BySimon Round, Simon Round

Opinion

Better the blessing of broccoli

July 24, 2014 13:00
2 min read

Groucho Marx once said: "I intend to live forever or die trying". Sadly, for him it was the latter, but his mantra seems to have been taken up by a huge number of people, who are attempting to live forever but who lack his sense of irony.

There are people who exercise fanatically in a desperate attempt to stave off old age; there are many more who pop supplements and there is even a weird cult which has decided that the way to achieve near-immortality is to restrict their calorie intake for the rest of their lives. This is on the basis of research in which underfed mice lived much longer than a control group of rodents (although, for all we know, the skinny ones could have been begging to be put out of their misery).

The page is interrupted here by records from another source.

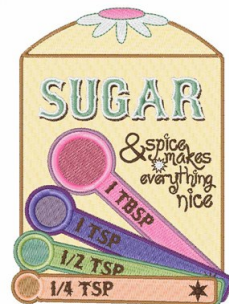

**Name:** Sugar and Spice...

**SKU:** WD02-JLA000356D

**Brand:** Windmill Designs

**Unique Colors:** 13 (22 color Stops)

## Unique Colors

	<b>Color Name (Color Code)</b>	<b>Manufacturer - Type</b>
	Super White (1001) [No Color Selected]	madeira - rayon
	Dusty Lilac (1263) [No Color Selected]	madeira - rayon
	Crocus (286)	Exquisite - Polyester 1000m

# Complete Color Sequence

#		Color Name (Color Code)	Manufacturer - Type
1		Super White (1001) [No Color Selected]	madeira - rayon
2		Super White (1001) [No Color Selected]	madeira - rayon
3		Crocus (286)	Exquisite - Polyester 1000m

And we have all heard of the celebrities who eat macrobiotically or cram their shopping baskets with so-called superfoods like wheatgrass, goji berries, blueberries and wild salmon fillets in the hope that they will prolong their existence, despite absolutely no proof to support this claim.

Now Which? magazine has come up with a very sensible report. It says that if you absolutely must treat your body like a temple, you can do it much cheaper by buying everyday ingredients. Substitute broccoli for expensive wheatgrass and you get practically the same nutritional benefits for a fraction of the price, with the added extra advantage that broccoli doesn't taste like grass.